SUPPLIED ENTRIES –
-.-.-
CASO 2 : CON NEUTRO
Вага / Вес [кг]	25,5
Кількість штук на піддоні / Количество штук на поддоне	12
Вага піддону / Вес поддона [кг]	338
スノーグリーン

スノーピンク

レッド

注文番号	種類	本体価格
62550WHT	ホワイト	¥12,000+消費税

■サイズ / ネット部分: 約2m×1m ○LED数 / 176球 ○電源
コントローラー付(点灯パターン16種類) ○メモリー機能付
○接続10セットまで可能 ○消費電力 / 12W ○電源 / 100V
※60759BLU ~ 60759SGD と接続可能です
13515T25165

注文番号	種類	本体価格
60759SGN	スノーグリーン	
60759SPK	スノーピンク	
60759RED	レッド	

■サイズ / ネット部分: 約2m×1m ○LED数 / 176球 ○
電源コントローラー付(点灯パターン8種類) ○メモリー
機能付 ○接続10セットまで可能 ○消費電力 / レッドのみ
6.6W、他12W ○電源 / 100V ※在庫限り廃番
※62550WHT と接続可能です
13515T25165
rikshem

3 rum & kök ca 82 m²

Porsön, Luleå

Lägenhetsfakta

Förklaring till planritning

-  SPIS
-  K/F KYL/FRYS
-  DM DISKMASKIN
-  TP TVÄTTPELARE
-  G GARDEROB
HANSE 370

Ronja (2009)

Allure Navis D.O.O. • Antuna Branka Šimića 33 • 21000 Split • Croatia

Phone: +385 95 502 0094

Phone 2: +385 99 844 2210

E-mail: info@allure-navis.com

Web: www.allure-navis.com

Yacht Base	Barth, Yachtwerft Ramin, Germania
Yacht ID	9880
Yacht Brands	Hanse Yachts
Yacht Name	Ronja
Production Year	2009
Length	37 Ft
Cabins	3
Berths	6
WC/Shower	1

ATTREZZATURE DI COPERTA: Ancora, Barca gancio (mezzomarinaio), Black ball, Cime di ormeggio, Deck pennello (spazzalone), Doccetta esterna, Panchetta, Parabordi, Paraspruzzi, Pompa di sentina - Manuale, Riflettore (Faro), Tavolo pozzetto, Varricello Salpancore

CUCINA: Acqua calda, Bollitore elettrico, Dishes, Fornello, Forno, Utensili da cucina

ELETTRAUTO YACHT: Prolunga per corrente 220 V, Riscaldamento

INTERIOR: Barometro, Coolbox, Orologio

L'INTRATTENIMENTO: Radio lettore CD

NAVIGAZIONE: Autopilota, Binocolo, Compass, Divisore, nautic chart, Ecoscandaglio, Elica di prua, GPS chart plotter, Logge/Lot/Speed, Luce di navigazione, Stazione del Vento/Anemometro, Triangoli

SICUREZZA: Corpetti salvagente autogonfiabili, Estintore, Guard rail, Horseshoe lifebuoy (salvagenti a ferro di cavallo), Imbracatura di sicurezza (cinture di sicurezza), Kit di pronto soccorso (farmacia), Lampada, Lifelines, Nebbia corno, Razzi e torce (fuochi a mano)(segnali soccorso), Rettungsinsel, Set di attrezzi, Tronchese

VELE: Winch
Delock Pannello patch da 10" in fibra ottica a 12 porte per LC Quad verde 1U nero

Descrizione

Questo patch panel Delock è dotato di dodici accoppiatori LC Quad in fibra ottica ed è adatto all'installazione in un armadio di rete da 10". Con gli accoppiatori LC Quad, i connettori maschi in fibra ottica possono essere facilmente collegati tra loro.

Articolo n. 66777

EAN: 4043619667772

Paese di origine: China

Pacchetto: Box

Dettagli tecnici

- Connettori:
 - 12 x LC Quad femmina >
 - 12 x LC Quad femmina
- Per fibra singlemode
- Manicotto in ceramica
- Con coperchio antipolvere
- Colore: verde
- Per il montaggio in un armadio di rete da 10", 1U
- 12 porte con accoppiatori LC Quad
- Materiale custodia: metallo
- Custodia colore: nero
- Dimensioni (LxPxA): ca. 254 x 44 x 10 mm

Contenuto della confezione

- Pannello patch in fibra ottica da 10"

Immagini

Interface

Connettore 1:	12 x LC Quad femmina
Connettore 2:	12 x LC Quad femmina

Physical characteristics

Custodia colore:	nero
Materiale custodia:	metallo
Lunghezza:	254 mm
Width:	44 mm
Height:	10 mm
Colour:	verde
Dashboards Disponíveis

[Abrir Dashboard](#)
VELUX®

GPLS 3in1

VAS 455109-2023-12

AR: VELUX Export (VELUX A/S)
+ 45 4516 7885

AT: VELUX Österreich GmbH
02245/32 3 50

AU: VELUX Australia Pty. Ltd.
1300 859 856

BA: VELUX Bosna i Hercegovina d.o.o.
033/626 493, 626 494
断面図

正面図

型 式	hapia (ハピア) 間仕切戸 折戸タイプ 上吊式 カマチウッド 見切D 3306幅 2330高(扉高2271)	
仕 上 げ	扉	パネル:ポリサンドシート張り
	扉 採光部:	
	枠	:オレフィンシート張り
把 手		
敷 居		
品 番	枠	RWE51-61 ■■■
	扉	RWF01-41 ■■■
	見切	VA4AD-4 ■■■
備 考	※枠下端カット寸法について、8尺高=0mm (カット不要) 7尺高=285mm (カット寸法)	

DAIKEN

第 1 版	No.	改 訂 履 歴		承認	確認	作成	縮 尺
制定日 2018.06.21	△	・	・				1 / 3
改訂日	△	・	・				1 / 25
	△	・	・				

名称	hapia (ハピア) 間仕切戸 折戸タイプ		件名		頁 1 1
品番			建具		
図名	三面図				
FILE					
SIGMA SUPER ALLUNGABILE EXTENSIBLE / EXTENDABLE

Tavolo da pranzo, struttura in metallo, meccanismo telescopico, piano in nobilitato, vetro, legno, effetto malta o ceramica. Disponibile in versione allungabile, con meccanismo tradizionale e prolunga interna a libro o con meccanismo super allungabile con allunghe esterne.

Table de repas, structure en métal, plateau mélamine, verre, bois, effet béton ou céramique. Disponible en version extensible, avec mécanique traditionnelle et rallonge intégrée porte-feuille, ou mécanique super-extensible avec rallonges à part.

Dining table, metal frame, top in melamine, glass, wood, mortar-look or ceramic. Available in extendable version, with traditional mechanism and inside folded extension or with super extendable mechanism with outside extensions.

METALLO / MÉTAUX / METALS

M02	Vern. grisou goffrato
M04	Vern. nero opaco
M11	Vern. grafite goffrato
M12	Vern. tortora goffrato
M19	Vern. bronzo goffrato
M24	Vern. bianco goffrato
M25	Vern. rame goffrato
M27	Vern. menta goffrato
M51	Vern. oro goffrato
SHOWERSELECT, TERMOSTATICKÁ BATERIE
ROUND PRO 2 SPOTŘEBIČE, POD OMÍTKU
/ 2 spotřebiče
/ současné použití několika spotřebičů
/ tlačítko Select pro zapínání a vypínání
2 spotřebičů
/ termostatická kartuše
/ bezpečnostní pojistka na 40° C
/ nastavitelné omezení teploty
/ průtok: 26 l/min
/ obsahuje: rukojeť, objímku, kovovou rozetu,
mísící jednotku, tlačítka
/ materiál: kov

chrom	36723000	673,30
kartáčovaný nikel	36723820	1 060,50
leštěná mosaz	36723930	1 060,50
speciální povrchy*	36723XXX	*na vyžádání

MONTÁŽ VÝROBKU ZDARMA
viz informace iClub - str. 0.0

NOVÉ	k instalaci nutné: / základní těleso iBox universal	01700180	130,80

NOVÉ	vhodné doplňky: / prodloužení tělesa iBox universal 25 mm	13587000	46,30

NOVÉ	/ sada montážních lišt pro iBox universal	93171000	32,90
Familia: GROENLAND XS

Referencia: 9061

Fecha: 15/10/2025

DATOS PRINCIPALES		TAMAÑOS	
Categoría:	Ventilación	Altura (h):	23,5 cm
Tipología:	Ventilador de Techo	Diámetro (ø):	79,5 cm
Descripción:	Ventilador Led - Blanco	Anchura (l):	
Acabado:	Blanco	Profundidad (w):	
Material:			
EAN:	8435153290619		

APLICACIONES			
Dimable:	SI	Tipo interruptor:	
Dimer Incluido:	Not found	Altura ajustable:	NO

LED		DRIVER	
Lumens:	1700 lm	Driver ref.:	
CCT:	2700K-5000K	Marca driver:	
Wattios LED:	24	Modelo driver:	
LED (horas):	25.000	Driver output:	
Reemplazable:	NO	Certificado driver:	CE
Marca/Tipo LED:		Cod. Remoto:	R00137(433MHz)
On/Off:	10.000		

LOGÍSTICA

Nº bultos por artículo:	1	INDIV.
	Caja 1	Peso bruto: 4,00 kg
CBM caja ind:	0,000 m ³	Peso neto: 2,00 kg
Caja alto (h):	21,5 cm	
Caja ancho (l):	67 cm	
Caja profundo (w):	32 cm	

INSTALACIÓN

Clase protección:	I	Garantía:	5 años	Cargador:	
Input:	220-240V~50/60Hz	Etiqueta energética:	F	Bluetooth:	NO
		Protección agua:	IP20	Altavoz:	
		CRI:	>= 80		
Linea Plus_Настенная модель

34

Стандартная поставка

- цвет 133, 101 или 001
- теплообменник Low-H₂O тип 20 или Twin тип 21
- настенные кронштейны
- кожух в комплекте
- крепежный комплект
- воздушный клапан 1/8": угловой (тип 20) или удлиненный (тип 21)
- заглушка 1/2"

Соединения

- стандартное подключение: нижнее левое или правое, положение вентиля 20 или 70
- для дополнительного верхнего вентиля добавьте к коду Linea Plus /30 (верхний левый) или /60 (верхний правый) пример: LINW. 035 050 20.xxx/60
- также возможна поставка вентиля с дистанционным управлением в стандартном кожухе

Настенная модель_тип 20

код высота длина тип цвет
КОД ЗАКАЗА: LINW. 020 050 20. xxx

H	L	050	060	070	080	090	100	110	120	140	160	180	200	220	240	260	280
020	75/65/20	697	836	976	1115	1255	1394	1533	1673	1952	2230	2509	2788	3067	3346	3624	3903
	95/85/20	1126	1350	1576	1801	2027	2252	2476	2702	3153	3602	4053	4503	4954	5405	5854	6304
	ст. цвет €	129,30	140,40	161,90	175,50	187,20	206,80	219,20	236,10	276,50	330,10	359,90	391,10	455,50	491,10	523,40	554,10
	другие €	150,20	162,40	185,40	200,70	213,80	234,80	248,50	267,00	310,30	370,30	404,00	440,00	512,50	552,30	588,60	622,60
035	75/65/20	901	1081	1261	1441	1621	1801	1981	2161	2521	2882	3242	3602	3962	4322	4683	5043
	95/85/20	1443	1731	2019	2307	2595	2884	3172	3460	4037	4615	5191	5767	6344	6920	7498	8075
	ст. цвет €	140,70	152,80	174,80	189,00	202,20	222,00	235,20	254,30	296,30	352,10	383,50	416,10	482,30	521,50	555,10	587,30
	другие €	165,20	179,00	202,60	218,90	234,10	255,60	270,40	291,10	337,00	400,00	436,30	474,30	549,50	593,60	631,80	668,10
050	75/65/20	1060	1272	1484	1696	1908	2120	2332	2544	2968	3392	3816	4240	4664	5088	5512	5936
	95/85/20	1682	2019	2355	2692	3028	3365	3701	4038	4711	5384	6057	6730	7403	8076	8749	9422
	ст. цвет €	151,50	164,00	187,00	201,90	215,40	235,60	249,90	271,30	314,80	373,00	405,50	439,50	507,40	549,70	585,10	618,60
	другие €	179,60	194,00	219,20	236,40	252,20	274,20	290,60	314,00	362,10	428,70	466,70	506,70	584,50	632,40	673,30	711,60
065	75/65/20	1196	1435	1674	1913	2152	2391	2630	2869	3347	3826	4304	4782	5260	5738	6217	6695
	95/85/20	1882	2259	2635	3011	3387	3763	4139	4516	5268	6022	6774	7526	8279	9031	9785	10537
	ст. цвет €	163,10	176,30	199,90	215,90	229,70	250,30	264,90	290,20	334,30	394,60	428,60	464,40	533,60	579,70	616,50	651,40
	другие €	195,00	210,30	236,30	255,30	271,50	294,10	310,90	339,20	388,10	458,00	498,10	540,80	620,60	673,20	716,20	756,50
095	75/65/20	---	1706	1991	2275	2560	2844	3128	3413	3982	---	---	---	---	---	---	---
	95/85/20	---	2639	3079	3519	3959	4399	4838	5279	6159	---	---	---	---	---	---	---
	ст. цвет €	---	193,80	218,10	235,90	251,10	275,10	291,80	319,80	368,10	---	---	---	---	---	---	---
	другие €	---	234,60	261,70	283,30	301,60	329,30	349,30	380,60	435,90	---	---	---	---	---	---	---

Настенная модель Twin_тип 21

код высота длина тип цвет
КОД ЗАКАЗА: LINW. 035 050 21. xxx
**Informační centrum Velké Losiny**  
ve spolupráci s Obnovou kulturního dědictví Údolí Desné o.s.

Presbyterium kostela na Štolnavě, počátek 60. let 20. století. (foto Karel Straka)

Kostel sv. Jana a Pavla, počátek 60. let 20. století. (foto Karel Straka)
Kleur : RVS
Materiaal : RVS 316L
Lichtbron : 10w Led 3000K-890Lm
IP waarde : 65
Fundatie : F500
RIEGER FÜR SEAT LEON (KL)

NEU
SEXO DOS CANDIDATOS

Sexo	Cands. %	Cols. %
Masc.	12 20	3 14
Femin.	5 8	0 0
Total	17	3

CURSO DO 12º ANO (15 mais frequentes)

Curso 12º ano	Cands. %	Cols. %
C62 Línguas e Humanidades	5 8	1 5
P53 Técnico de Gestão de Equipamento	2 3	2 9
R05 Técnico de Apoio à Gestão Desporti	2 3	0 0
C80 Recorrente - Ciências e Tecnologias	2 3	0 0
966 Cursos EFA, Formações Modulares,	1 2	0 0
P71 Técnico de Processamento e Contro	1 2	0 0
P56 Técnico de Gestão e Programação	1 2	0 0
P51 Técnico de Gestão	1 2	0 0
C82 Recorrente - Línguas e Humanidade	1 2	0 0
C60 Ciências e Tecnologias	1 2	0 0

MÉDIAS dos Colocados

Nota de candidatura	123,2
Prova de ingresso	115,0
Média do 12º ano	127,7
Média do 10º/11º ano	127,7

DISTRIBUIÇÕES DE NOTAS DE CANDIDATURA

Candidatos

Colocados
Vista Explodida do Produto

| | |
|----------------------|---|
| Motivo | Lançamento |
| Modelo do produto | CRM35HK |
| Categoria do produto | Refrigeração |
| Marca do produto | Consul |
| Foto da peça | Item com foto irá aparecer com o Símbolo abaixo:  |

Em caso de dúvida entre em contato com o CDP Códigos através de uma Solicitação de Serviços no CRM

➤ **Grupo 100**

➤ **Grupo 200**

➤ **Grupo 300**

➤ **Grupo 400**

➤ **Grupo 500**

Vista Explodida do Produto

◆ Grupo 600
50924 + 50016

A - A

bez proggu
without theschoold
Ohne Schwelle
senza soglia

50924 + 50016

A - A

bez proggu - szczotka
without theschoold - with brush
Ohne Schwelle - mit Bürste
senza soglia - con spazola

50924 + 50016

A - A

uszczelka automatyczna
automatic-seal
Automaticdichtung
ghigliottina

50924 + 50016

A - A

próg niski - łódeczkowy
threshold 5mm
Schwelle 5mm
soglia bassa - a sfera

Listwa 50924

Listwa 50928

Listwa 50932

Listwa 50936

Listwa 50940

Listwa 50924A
-.-.-
Begin with the line containing "P51 Técnico de" and repeat each line exactly until the records above end.

YOUR SOLUTION –
P51 Técnico de Gestão	1 2	0 0
C82 Recorrente - Línguas e Humanidade	1 2	0 0
C60 Ciências e Tecnologias	1 2	0 0

MÉDIAS dos Colocados

Nota de candidatura	123,2
Prova de ingresso	115,0
Média do 12º ano	127,7
Média do 10º/11º ano	127,7

DISTRIBUIÇÕES DE NOTAS DE CANDIDATURA

Candidatos

Colocados
Vista Explodida do Produto

| | |
|----------------------|---|
| Motivo | Lançamento |
| Modelo do produto | CRM35HK |
| Categoria do produto | Refrigeração |
| Marca do produto | Consul |
| Foto da peça | Item com foto irá aparecer com o Símbolo abaixo:  |

Em caso de dúvida entre em contato com o CDP Códigos através de uma Solicitação de Serviços no CRM

➤ **Grupo 100**

➤ **Grupo 200**

➤ **Grupo 300**

➤ **Grupo 400**

➤ **Grupo 500**

Vista Explodida do Produto

◆ Grupo 600
50924 + 50016

A - A

bez proggu
without theschoold
Ohne Schwelle
senza soglia

50924 + 50016

A - A

bez proggu - szczotka
without theschoold - with brush
Ohne Schwelle - mit Bürste
senza soglia - con spazola

50924 + 50016

A - A

uszczelka automatyczna
automatic-seal
Automaticdichtung
ghigliottina

50924 + 50016

A - A

próg niski - łódeczkowy
threshold 5mm
Schwelle 5mm
soglia bassa - a sfera

Listwa 50924

Listwa 50928

Listwa 50932

Listwa 50936

Listwa 50940

Listwa 50924A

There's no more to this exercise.